And with these words they bade Perseus farewell and good fortune. The young man took his precious gifts and soared upwards. His winged sandals bore him smoothly and swiftly through the sky, and it was not long before he reached the island of the gorgons. Then he put on his helmet and became invisible. From on high, he could make out the three vile creatures. Clustered thickly around them, and scattered all over the island stood stone images of men, worn and pitted by rain and time. Perseus now fixed his eyes on the reflection in the shield, which showed him that all three sisters were asleep. He swooped down closer and immediately picked out the Medusa. In this difficult moment Athena was by his side to lend him courage, and guide his hand if need be. Perseus looked carefully in the mirror, judged the distance to an inch and with a slashing sword-blow struck the hideous head right off. As he did so, from the gaping wound where the Gorgon’s head had stood there sprang first a winged horse, Pegasus, and next a giant, Chrysaor, both fathered on the Medusa by Poseidon and destined by the fates to come into the world only when a hero had beheaded her.

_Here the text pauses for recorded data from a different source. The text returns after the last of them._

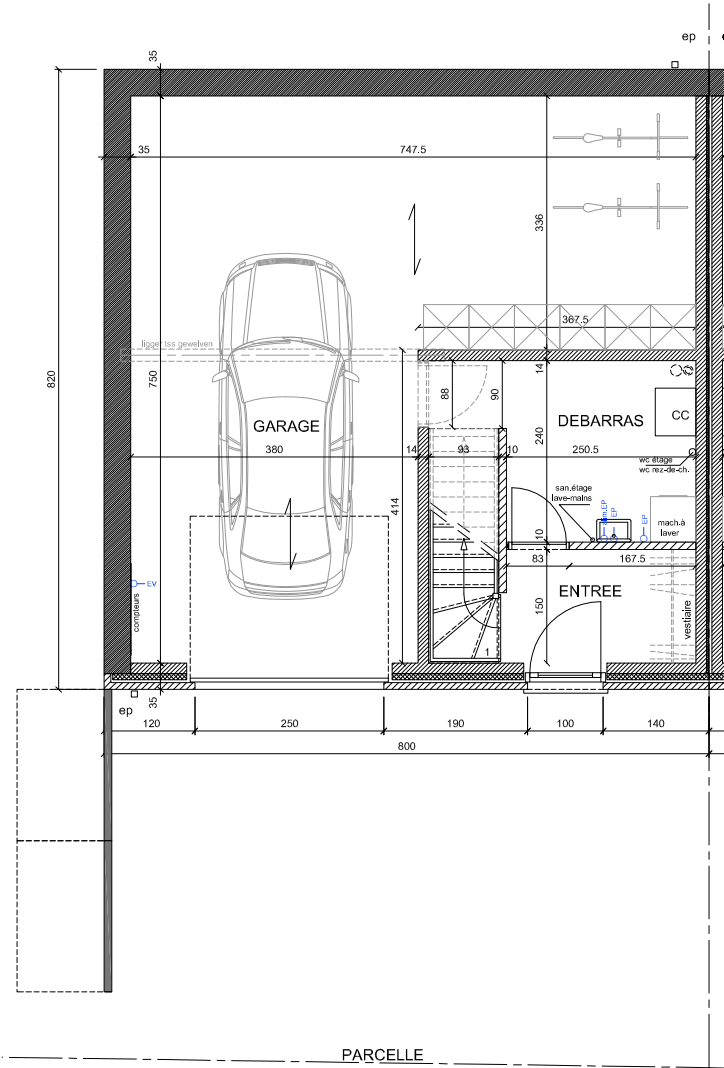

PVC blanc à l'intérieur
gris basalte à l'extérieur ± RAL 7012

Corniches et bardages

Bois tropique traité
d'une couche d'huile protectrice

Porte de garage

Sectionnelle en quatre parties
gris basalte ± RAL 7012

Surface

lot 32: ± 475m²
lot 33: ± 291m²
lot 34: ± 290m²
lot 35: ± 475m²

cave
65.31m²

rez-de-chaussée
65.31m²

étage
55.04m²

Perseus immediately stuffed the bloody head into his magic wallet and soared into the air, while the corpse of the gorgon writhed like a wounded snake then slowly toppled from the rocks to the sea below. But the splash of its fall awakened her two sisters. Realising that the Medusa was dead, they immediately began a search for her slayer, first on land, then, opening their great wings, in the air above. But Perseus was absolutely invisible, and the two gorgons returned to earth in empty-handed disappointment.



Perseus flew on uneventfully until he came to a place where an astonishing spectacle met his eyes. A huge giant was holding up the heavens on his shoulders! This was Atlas, the Titan who had been condemned by mighty Zeus to bear his crushing burden for all eternity, because he had fought against the gods in that earth-shaking conflict known as The Battle of the Titans.


Filled with wonder at Atlas’ incredible strength, Perseus glided down to earth and walked up to his feet. He wanted to meet the mightiest being in the world in person. The Titan, however, did not give him a warm welcome, for it had been prophesied that a son of Zeus would come to these parts one day and steal the golden apples from the nearby Garden of the Hesperides. Although this garden was guarded by a fearsome dragon named Ladon, Atlas was still very worried about the safety of the apples.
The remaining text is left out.